What she had was a very normal reaction.
Your words minimized her vulnerabity and trust for you to rub her back and she trusted you.
Possibly in normal relationships that would have been no big deal. We don't know..we aren't normal.
You didn't do it to hurt her it take advantage of her. Tell her that and give her time to sort it out.
Don't go on and on with an apology..she heard you the first time.
At some point after she has time to sort thigs out..you May gently ask her to share what triggers her. You may feel you have to walk on eggshells but all you have to do is remember what she shares and be mindful of her fears and be supportive.
You don't have to make it all better. She is doing that for herself it sounds like.
Three months is a very short time to know a lot about each other. Give it time. Forgive your self for thinking with your penis and learn what upsets her.
What you did was normal..so don't beat yourself up. You are getting to know her on another level.
If you really want this relationship express to her how important it is she communicates with you. You shouldn't have to be wondering what will trigger or upset her..she had responsibility to tell you.
It will be a very different relationship than you've ever had. Be mindful of that.
She doesn't need you to save her. She needs you to support her saving herself.
You sound like a good guy and really hope yall can work thru this. Just give her a little time

Apologize for your thoughtless comment and let her know you are willing to learn.
This is going to be good for you too. You will learn that she is strong yet fragile sometimes.
It will be work..not gonna lie..but sounds like she's worth it to you.
Wishing you both happiness.
 
Give her space. And I'd suggest writing her a long, honest letter explaining your mistake and how much she means to you. (I say letter because I really think she needs the space, and a letter might be easier for her to digest right now than if you said it in person)
 
What you did was "normal", your comment about consent forms came from frustration, but has a deeper significance..... consent is exactly where you need to be coming from..... not forms as such, but making sure you have explicit verbal assent to each thing you do.
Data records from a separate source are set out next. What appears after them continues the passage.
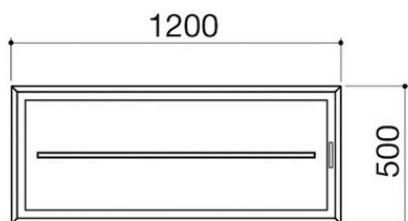

Cappa B_Ambient soffitto modulo da 120

1KBAS12

Descrizione

- acciaio inox AISI 304
- aspirazione perimetrale
- aspirazione filtrante opzionale
- velocità: 3 + aspirazione intensiva
- portata: 1000 m³/h
- pressione: 409 Pa
- rumorosità: 41-72 Lw(dBA)
- uscita aspirazione: ø 150 mm + riduttore ø 120 mm
- illuminazione: barra LED 3000 K
- pulsantiera Soft-Touch
- filtri: acciaio inox
- funzioni: segnalazione manutenzione filtri, ricambio d'aria
- radiocomando in dotazione
- classe B
- predisposizione per radiocomando remoto bilancia Barazza
- potenza massima assorbita: 0,3 kW
- foratura: 117x47,6 cm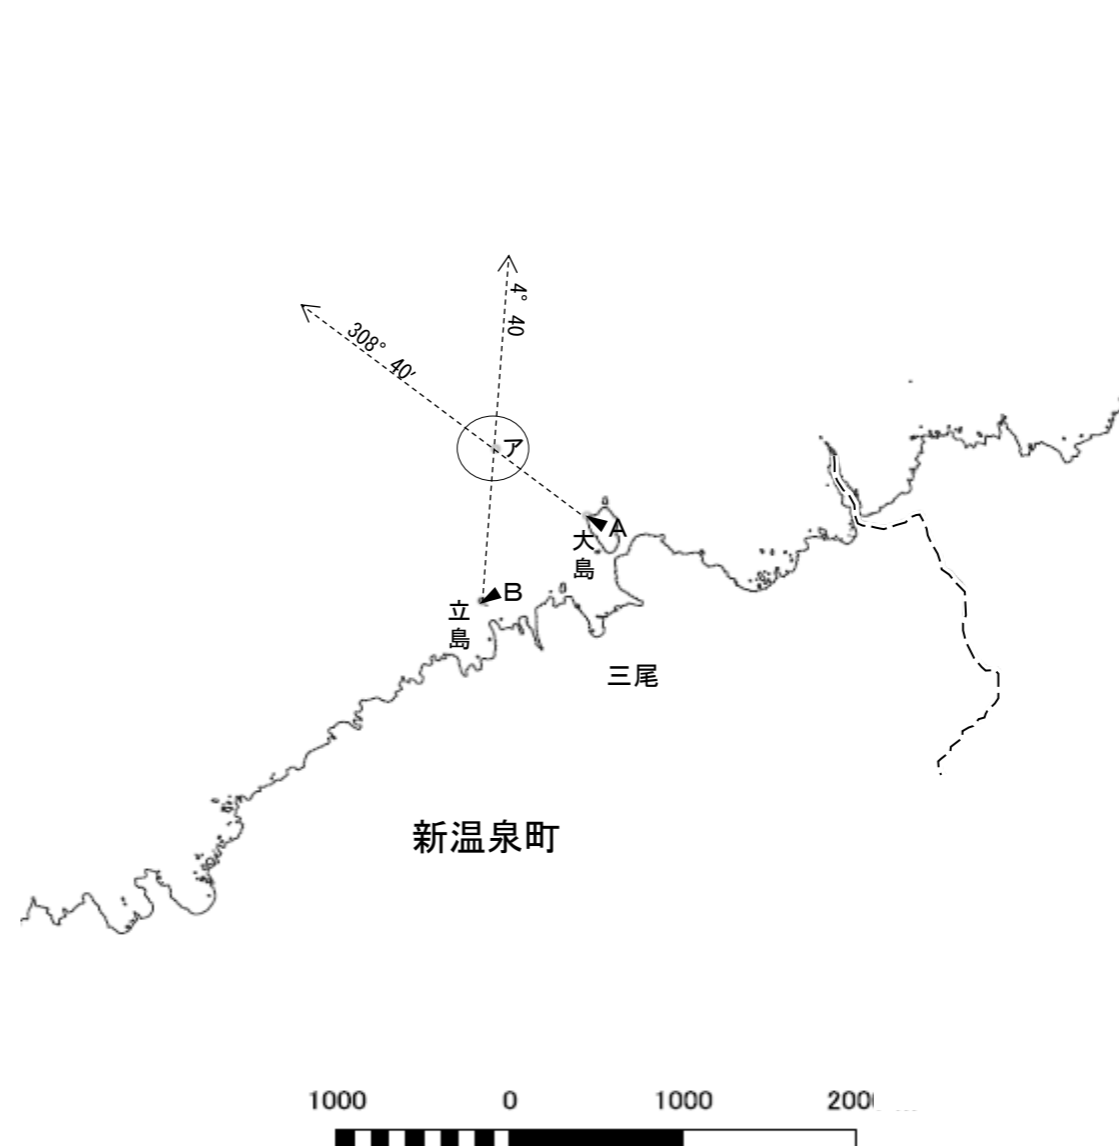

免許番号 共第231号

漁場の位置 美方郡新温泉町三尾沖合

漁場の区域 次の点のうちアを中心として半径200メートルの円周によって囲まれた区域

- 点の位置
- A 美方郡新温泉町三尾地先大島北西端  
(北緯35度39.77分、東経134度30.16分)
  - B 美方郡新温泉町三尾地先立島頂上  
(北緯35度39.45分、東経134度29.70分)
  - ア Aから308度40分の方位線とBから4度40分の方位線との交点  
(北緯35度40.03分、東経134度29.76分)

注1：方位は真方位、緯度・経度の座標は世界測地系を示す。  
注2：括弧書きで併記している緯度経度座標は参考値を示す。

令和 5年 9月 1日免許
共 第231号 漁 場 図

表示

表示番号	漁場		別紙漁場図のとおり（漁場図つづり込帳 第 冊 丁）			免許年月日	令和5年9月1日	存続期間	令和5年9月1日から 令和15年8月31日まで
	漁業の種類	主な漁獲物	漁業時期	漁業の種類	主な漁獲物	漁業時期	制限又は条件		
	3	つきいそ漁業		1月1日から12月31日まで				なし	
1									
海区	但馬海区		免許番号	共 第 231 号			摘要		

表示番号	表示	漁業権区		入漁権区	
		順位番号	事項	順位番号	事項
1	表記のとおり漁業権の設定の登録をする。 令和5年9月1日	1	美方郡新温泉町芦屋663番地の1 浜坂漁業協同組合 のための漁業権の設定の登録をする。 令和5年9月1日		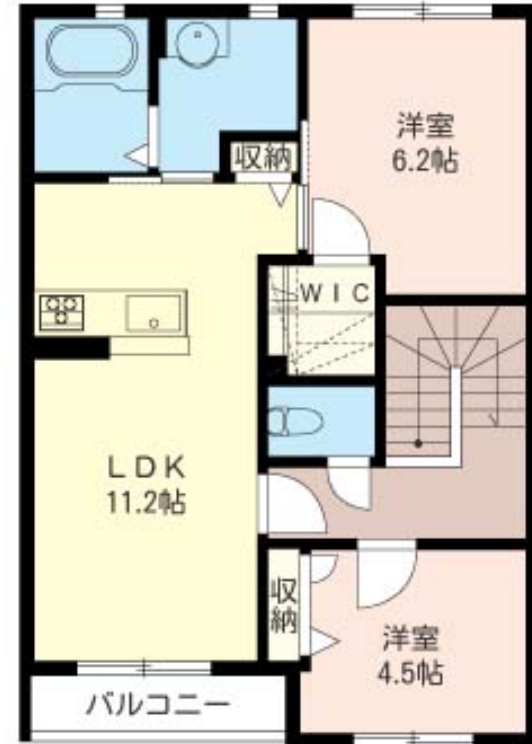

礼金 0.5 ヶ月

モバイルで見る

駐車場 無料

積水ハウスの賃貸住宅 シャーメゾン

Sha Maison

この物件の
オススメ
ポイント

Wi-Fi 利用料無料 / 浴室テレビ付・IHクッキングヒーター・カラーモニター付インターホン / 1318サイズユニットバス・保温浴槽・追焚給湯・浴室暖房乾燥機・洗髪洗面化粧台・洗浄暖房便・・・

この物件についている こだわり設備

物件名 メゾン オリヴィエ A 203号室

アクセス J R 高崎線 籠原駅 徒歩13分
J R 高崎線 深谷駅 距離4.3km

所在地 埼玉県深谷市東方3667-8

ランドマーク -

間取り 2LDK / 洋室6.2 洋室4.5 LDK11.2 (帖)

専有面積 / 向き 62.51㎡ / 南西

築年月 / 構造 2015年4月下旬 / 軽量鉄骨・2階-2階建

入居 / 契約期間 2024年5月下旬 / 2年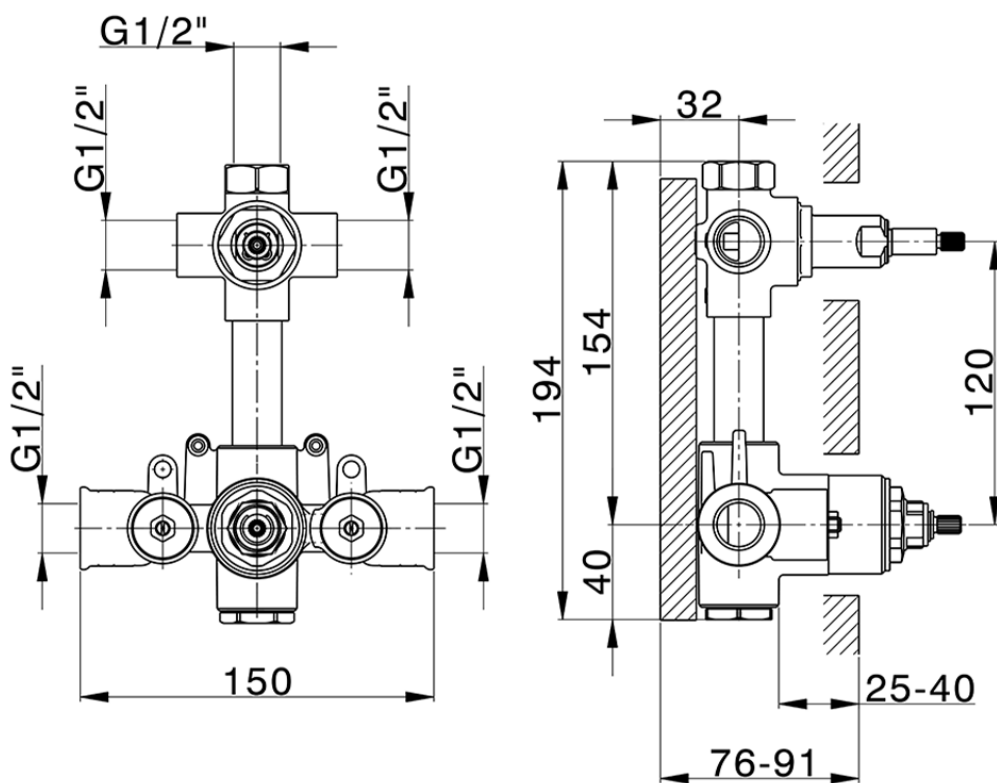

Parte incasso termostatico doccia 3 uscite INCASSO_ZA018206

ZA018206

<https://www.cisal.it/parte-incasso-termostatico-doccia-3-uscite-incasso-za018206>

2026-07-02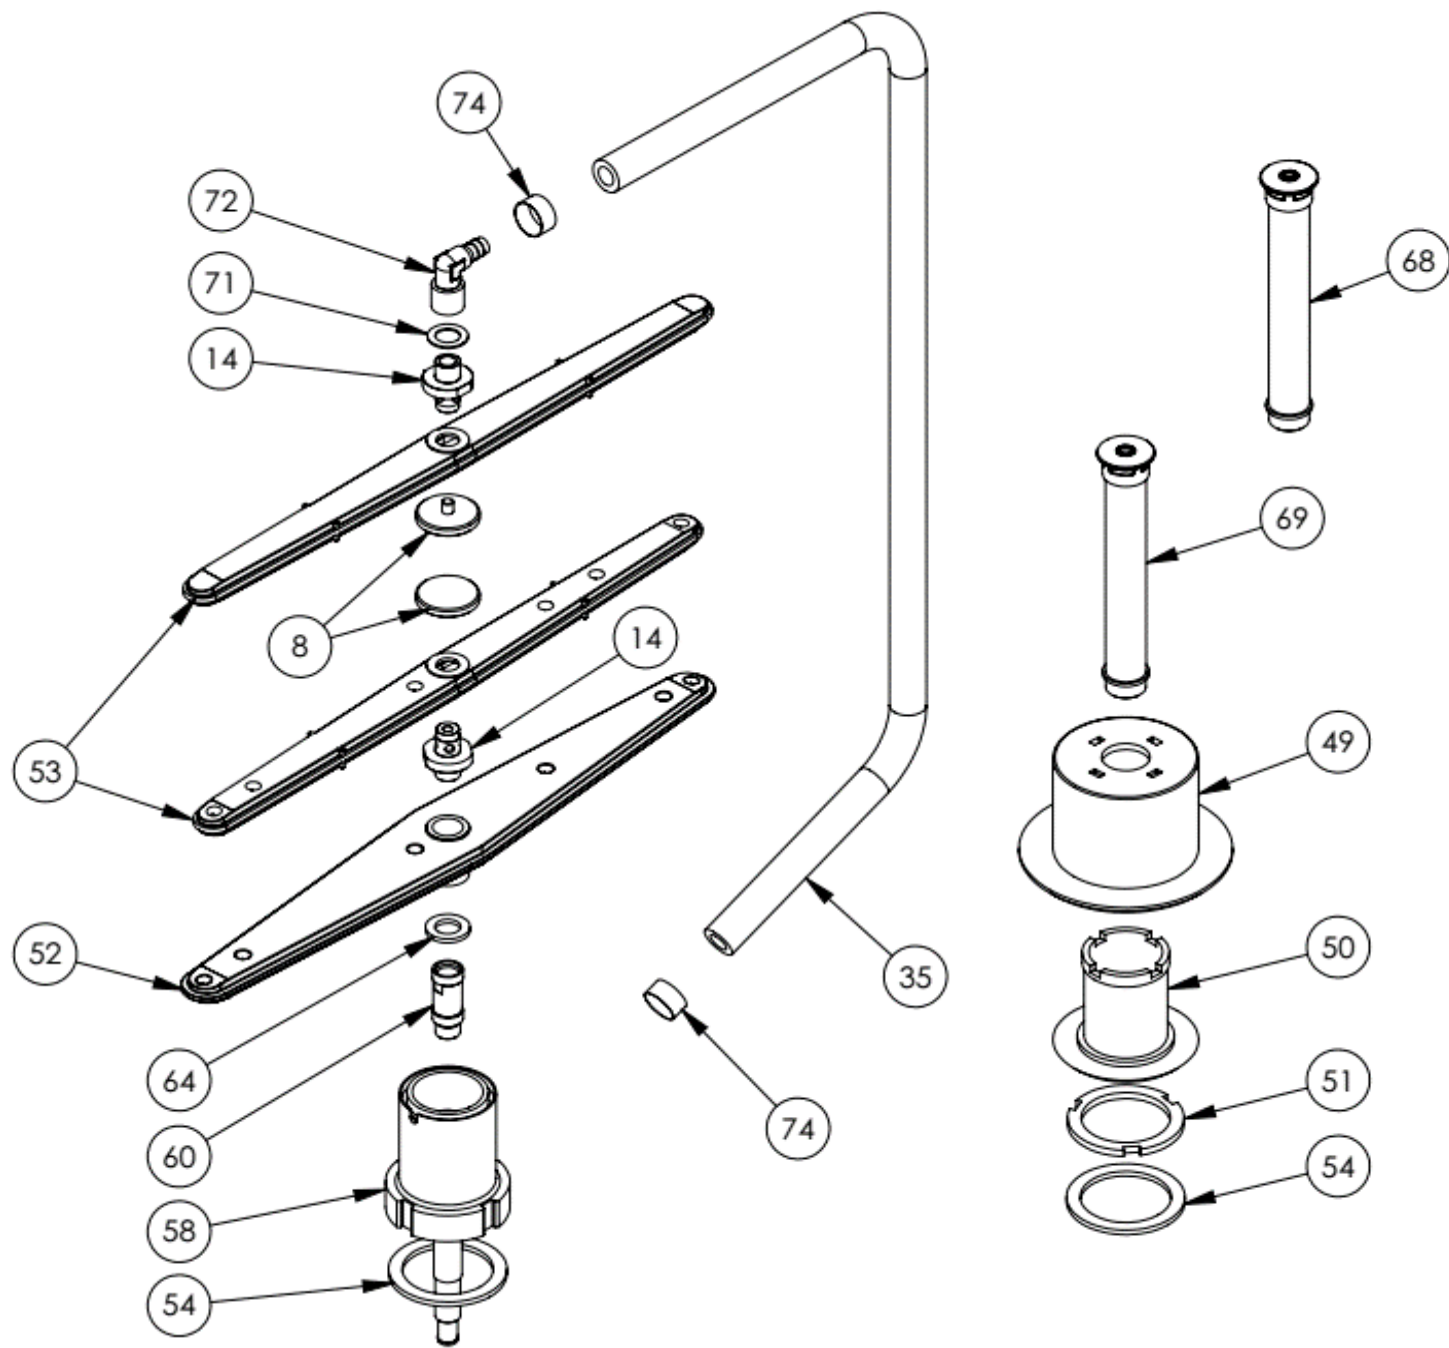

stalgast
ekspert gastronomiczny

RYSUNEK ZŁOŻENIOWY

V2.0 11-2016r

Zmywarka do szkła

MODEL: 804420, 804421

LP.	Numer katalogowy	Numer katalogowy	Nazwa części
1	V804420-01	V804421-01	Wyłącznik
2	V804420-02	V804421-02	Przewód przyłączeniowy. z wtyczką 3x1.5mm ²
3	V804420-03	V804421-03	Stopka płytki
4	V804420-04	V804421-04	Pompa nabłyszczacza
5	V804420-05	V804421-05	Elektrozawór
6	V804420-06	V804421-06	Opaska zaciskowa 25-40
7	V804420-07	V804421-07	Filtr
8	V804420-08	V804421-08	Nakrętka wirnika
9	V804420-09	V804421-09	Włącznik zasilania
10	V804420-10	V804421-10	Izolacja płytki elektroniki
11	V804420-11	V804421-11	Przewodnik
12	V804420-12	V804421-12	Pokrętło termostatu
13	V804420-13	V804421-13	Sprężyna
14	V804420-14	V804421-14	Łącznik
15	V804420-15	V804421-15	Osprzęt dozownika nabłyszczacza
16	V804420-16	V804421-16	Stopka do zmywarki
17	V804420-17	V804421-17	Uchwyt bezpiecznika z bezpiecznikiem
18	V804420-18	V804421-18	Presostat
19	V804420-19	V804421-19	Włącznik programu
20	V804420-20	V804421-20	Trójnik wody
21	V804420-21	V804421-21	Trójnik wody (płukanie)
22	V804420-22	V804421-22	Zamek drzwi zmywarki
23	V804420-23	V804421-23	Oprawka wyłącznika
24	V804420-24	V804421-24	Przycisk
25	V804420-25	V804421-25	Termostat TR 0/86st Type TR2
26	V804420-26	V804421-26	Termostat 55 st. C - komora
27	V804420-27	V804421-27	Wąż zasilający
28	V804420-28	V804421-28	Wąż gumowy niebieski L=2000mm
29	V804420-29	V804421-29	Wąż gumowy niebieski L=350mm
30	V804420-30	V804421-30	Wąż gumowy fi 12 L=50mm

This might seem odd..... but it increases both communication and trust.....

Asking permission and saying how you are feeling...... eg
Can I touch you there.....
or
I am feeling that I want to touch you there

Working with requests, questions and statements like these increase trust and if both of you can verbally communicate how you feel then things get easier. The mantra is that there's no increase in intimate touch or act without positive and unequivocal agreement.

This might sound odd.... but... believe me once you get into the habit, you'll find it makes a BIG difference to intimacy with any partner, PTSD or not.
 
Be understanding and be open to learning, that is the best advice I can offer.

My ex became very triggered during sex a couple of times, shaking, frozen, other times not. We spoke, very calmly and at length about what to do when she did become triggered, for her it was stay with her, just don't touch her as her senses were on over drive etc.

You build the boundaries and the support techniques together so they both work for you.